Zanthoxylum kwangsiense

Scientific classification
- Kingdom: Plantae
- Clade: Tracheophytes
- Clade: Angiosperms
- Clade: Eudicots
- Clade: Rosids
- Order: Sapindales
- Family: Rutaceae
- Genus: Zanthoxylum
- Species: Z. kwangsiense
- Binomial name: Zanthoxylum kwangsiense (Hand.-Manzz.) Chun ex C.C.Huang

= Zanthoxylum kwangsiense =

- Genus: Zanthoxylum
- Species: kwangsiense
- Authority: (Hand.-Manzz.) Chun ex C.C.Huang

Species of plant

Zanthoxylum kwangsiense is a woody plant from the Rutaceae family, it is native to northwestern Guangxi, Guizhou (Libo), and Sichuan (Wushan, Fengjie) China.

==Description==
Climbing vine; the upper branches of the plant are thornless, and the young branches, leaf shafts and inflorescence shafts are densely pubescent.
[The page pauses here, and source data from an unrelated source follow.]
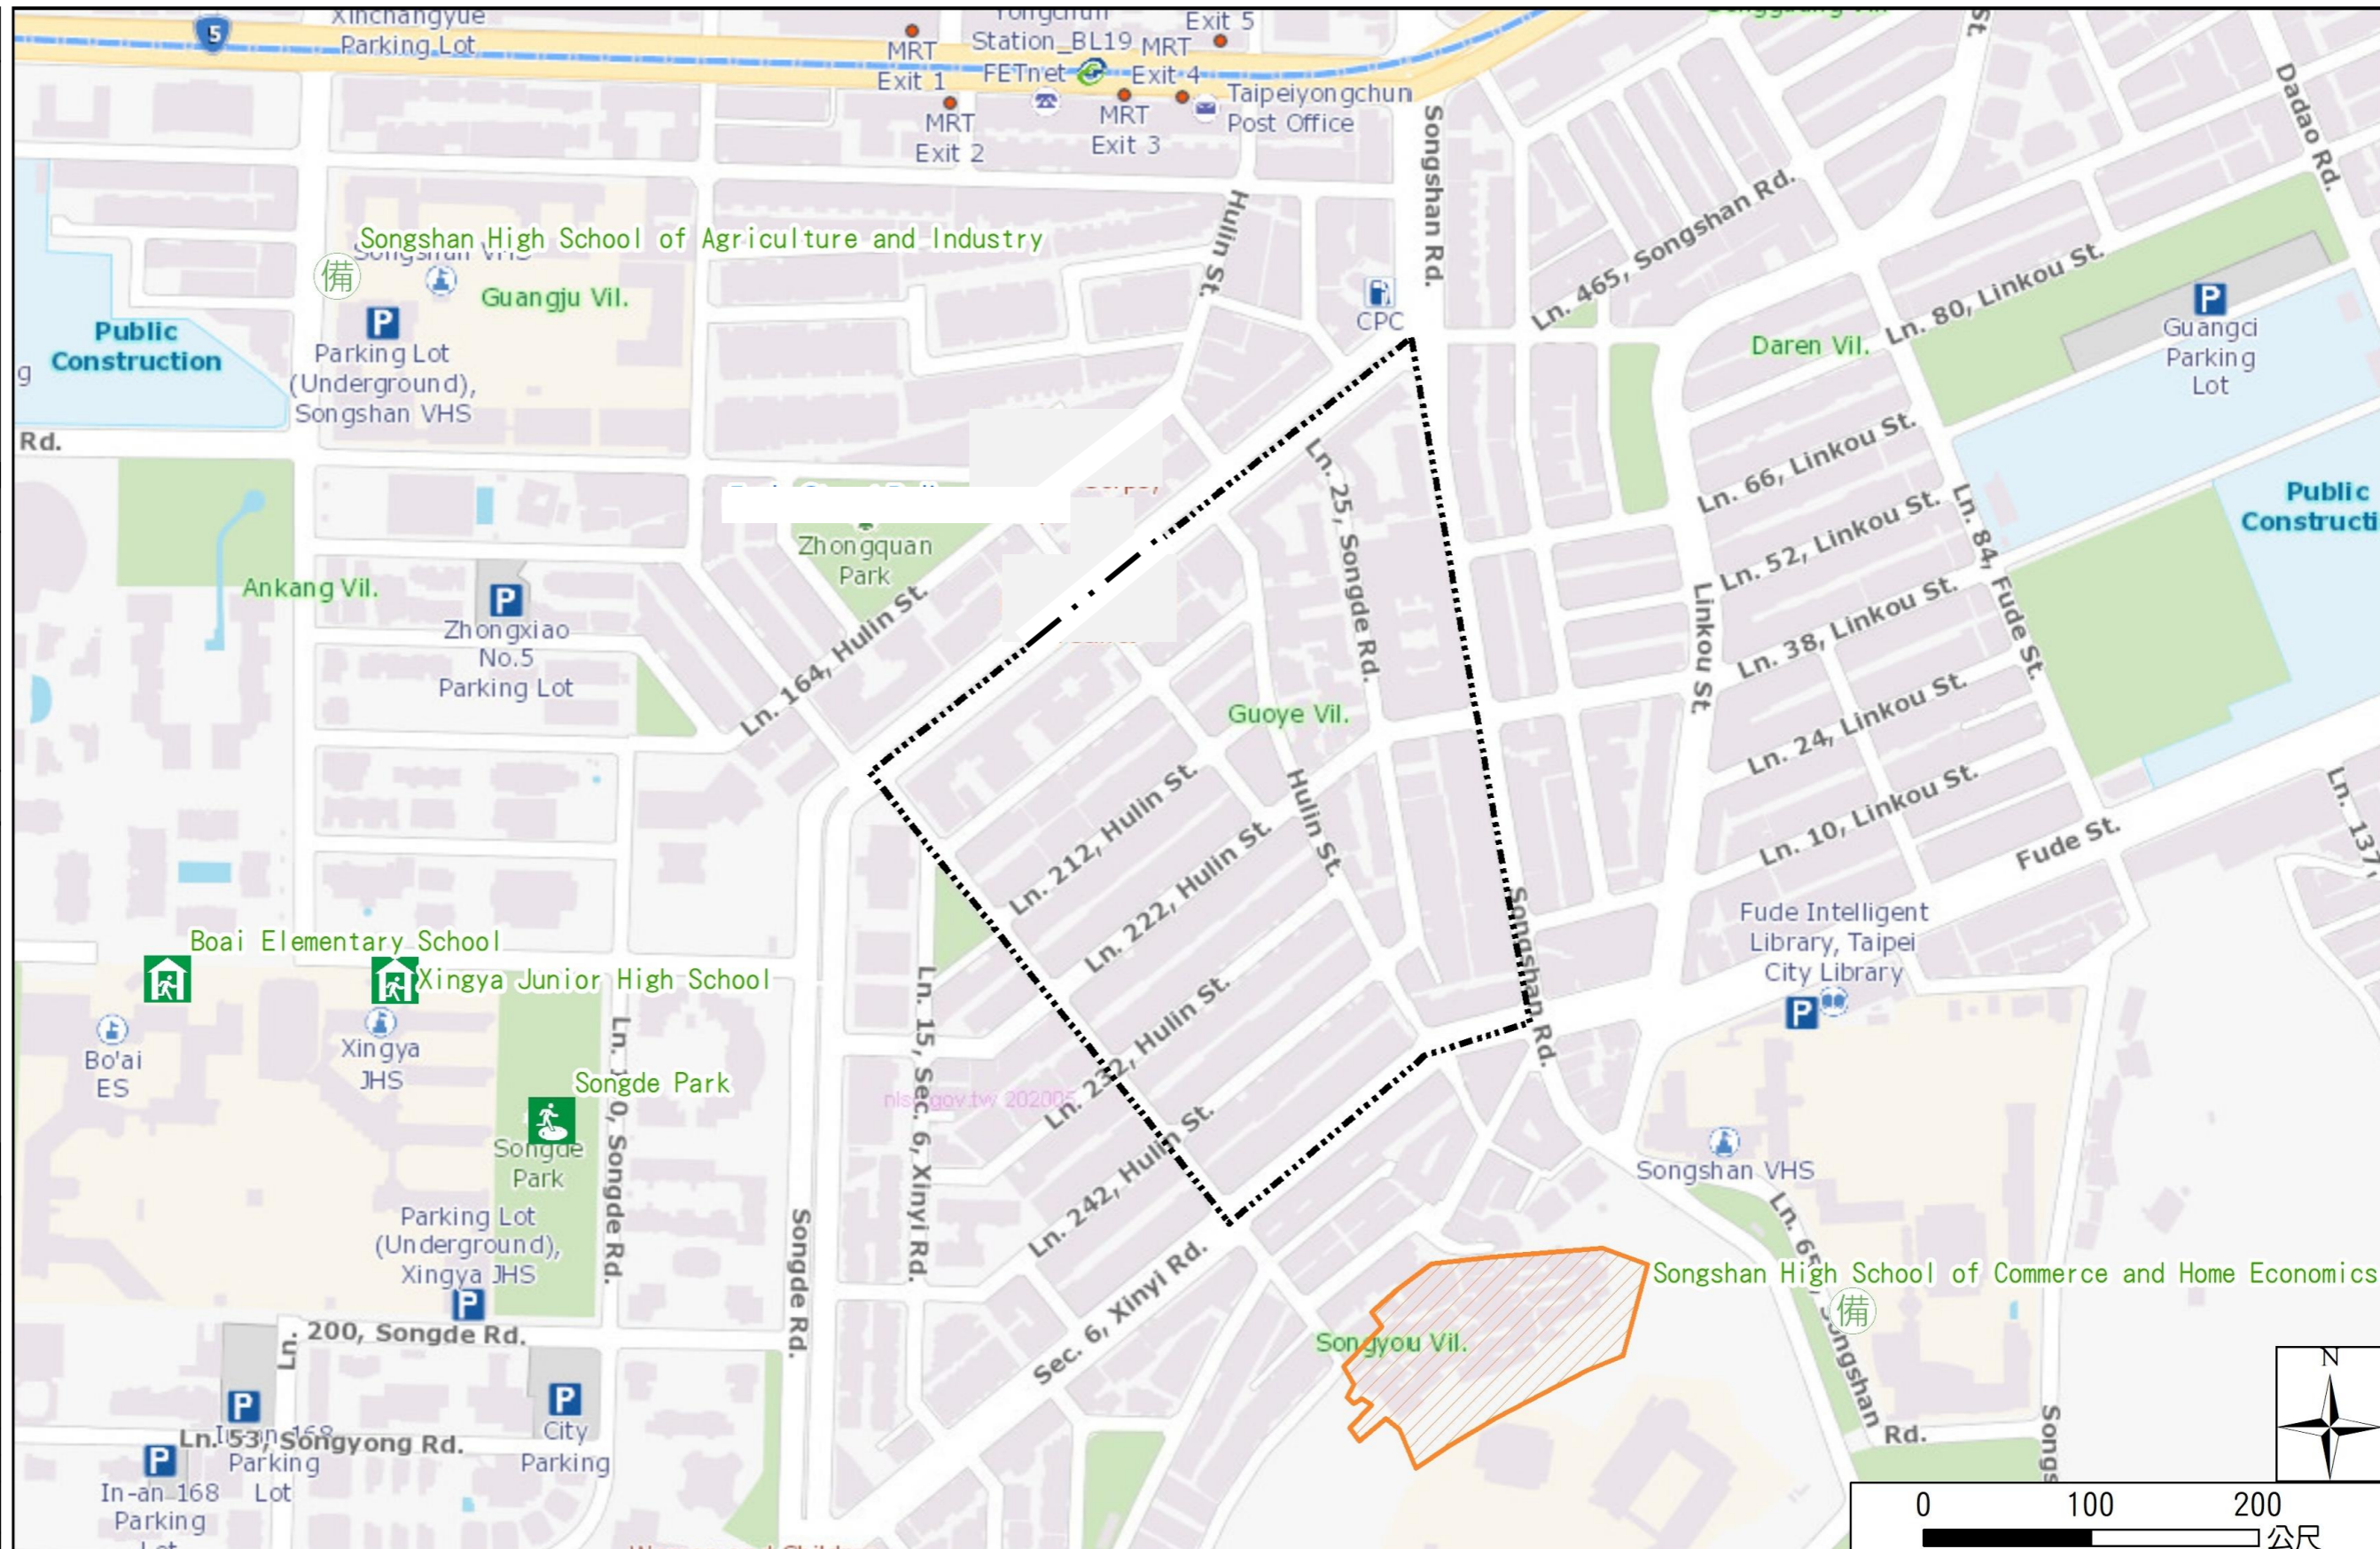

Disaster Prevention Information Website

Taipei City Disaster Prevention Information Website

Evacuation Principle

Flood: Vertical evacuation or preventive evacuation
 Earthquake :

More disaster prevention knowledge :
 Taipei City Disaster Prevention Guide

Evacuation Shelter

Name	Songde Park Shelter for Earthquake
Address	Lane 180, Songde Rd.
Capacity	1340
Contact number	02-27884255
Name	Xingya Junior High School (School for Priority Shelter) Shelter for Earthquake
Address	No. 15, Ln. 168, Songde Rd.
Capacity	251
Contact number	02-27232771#500
Name	Boai Elementary School (School for Priority Shelter) Shelter for Earthquake
Address	No. 20, Ln. 95, Songren Rd.
Capacity	156
Contact number	02-23450616#400
Name	Songshan High School of Commerce and Home Economics
Address	No. 655, Songshan Rd.
Capacity	116
Contact number	02-27261118#410
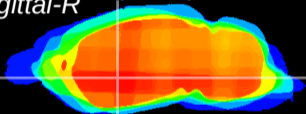

Coronal

Sagittal-R

Sagittal-L

ViBrism: CX20683
Horizontal

GP
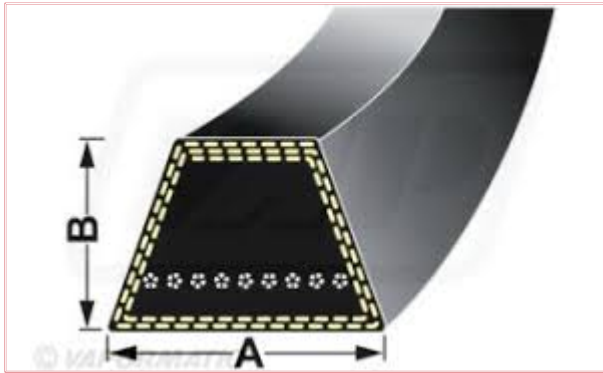

## A040 Wrapped Classical A40 Belt

**Dimensions: A = 13mm by B = 8mm**

**Part No:** A040

**Price:** £8.25 (exc VAT) | £9.90 (inc VAT)

### Specifications

A040 Wrapped Classical A40 Belt

Belt Dimensions: A = 13mm by B = 8mm
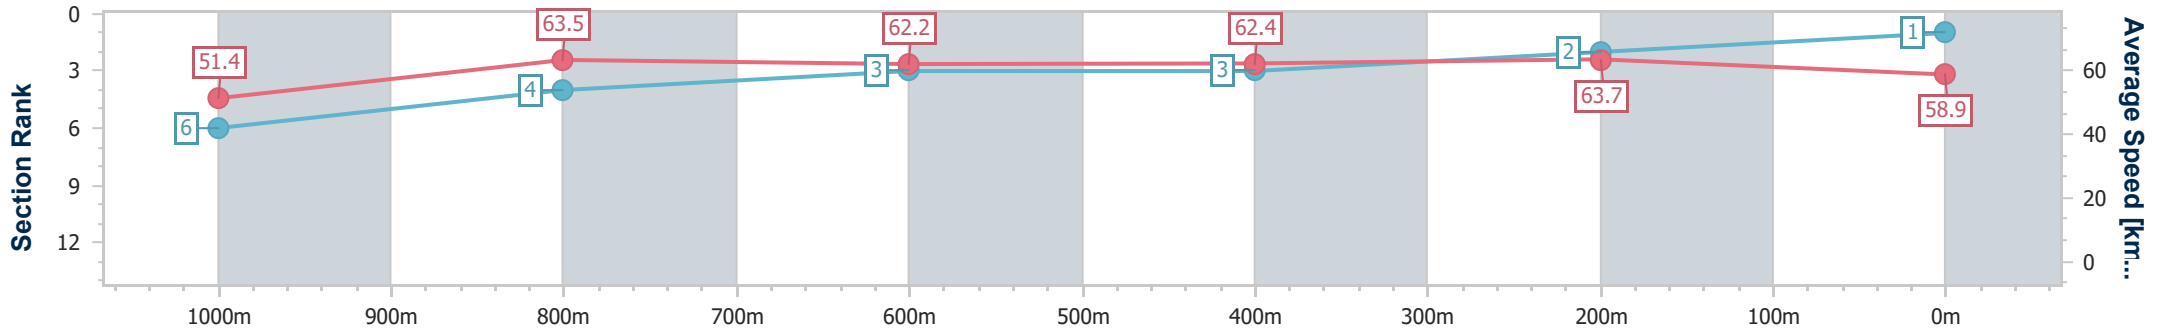

Section	Overall	1000m	800m	600m	400m	200m
Section Times	1:12.13 [1] (0:14.06)	0:58.07 [6] (0:11.42)	0:46.65 [4] (0:11.60)	0:35.05 [3] (0:11.54)	0:23.51 [3] (0:11.31)	0:12.20 [2] (0:12.20)
Average Speed [km/h]	51.4	63.5	62.2	62.4	63.7	58.9
Top Speed [km/h]	63.3	64.7	63.3	64.2	64.7	62.7
Avg. Dist. to Rail [m]	2.7	1.4	0.5	0.3	2.3	2.5
Avg. Stride Freq. [Hz]	2.3	2.3	2.3	2.3	2.4	2.3
Avg. Stride Length [m]	6.2	7.5	7.5	7.4	7.4	7.1
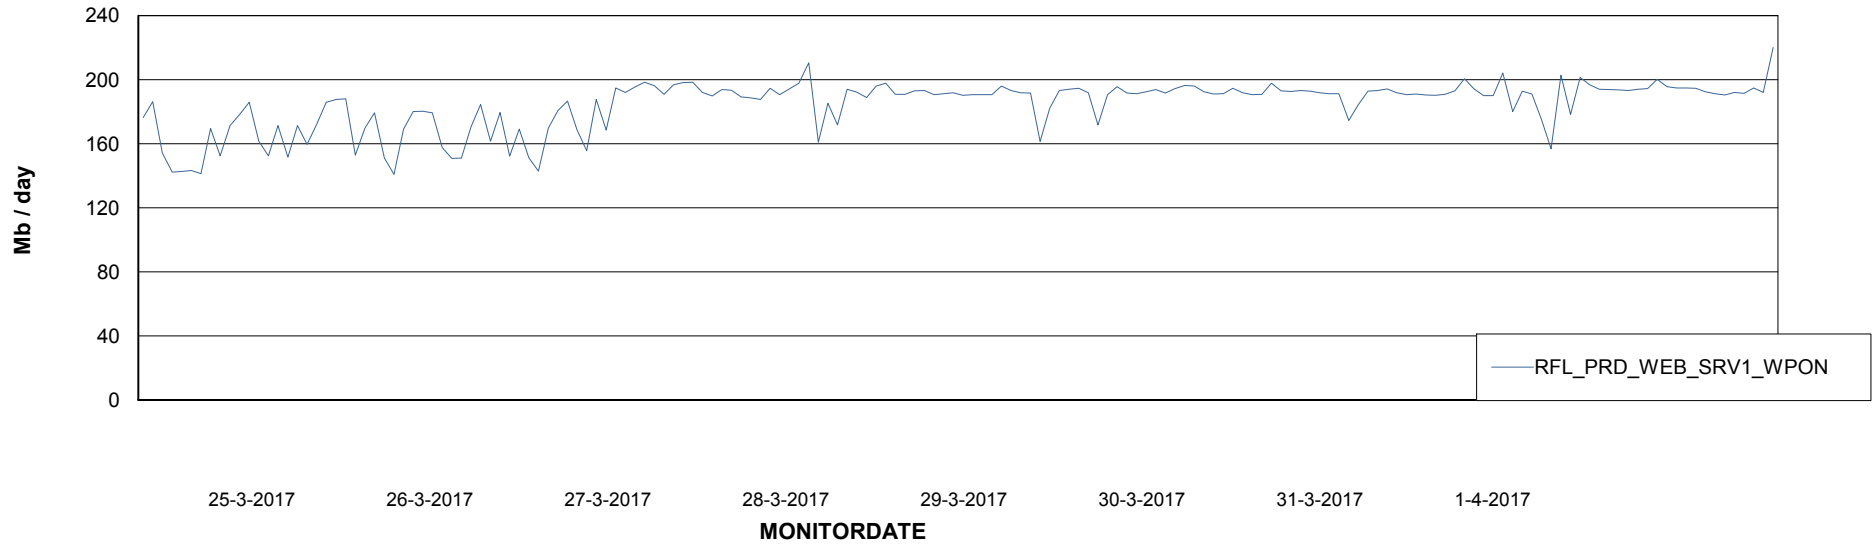

ABSSolute Web Component Services

Avg memory used per ABS Web component

The leaves have 5–9 leaflets; the leaflets are irregularly opposite or alternate individually, lanceolate or ovate, sometimes oblanceolate, 4–10 cm long, 2–3 cm wide, short tip or long tail-like tip, The base is wide wedge-shaped, papery, the leaf margin has fine round cracked teeth or not obvious cracked teeth above the middle, and there are oil spots in the teeth, and the rest of the oil spots are not obvious. The midrib is slightly concave on the leaf surface and is puberulent. At least the lower half of the veins are pubescent, and the lateral veins of the tender leaves are also sparsely pilose. Cymes axillary and terminal. The infructescence is 2–15 cm long, and the stalk is 5–10 mm long; a single lobule is about 5 mm long, with a short awn tip at the top; the seeds are nearly spherical, with a diameter of about 4 mm. It is found in sloping bushes or under sparse forests at an altitude of 600–700 meters. Sometimes the 2 ovules in a carpel develop into seeds. The root has a soft cork layer, and the inner cortex has a sulfur-yellow powdery substance, which tastes very bitter and numb. Contains alkaloids nitidine and oxynitidine; fresh leaves contain furfuraldehyde and cuspidiol, a derivative of dihydrocinnamic acid; seeds contain 25.1% oil.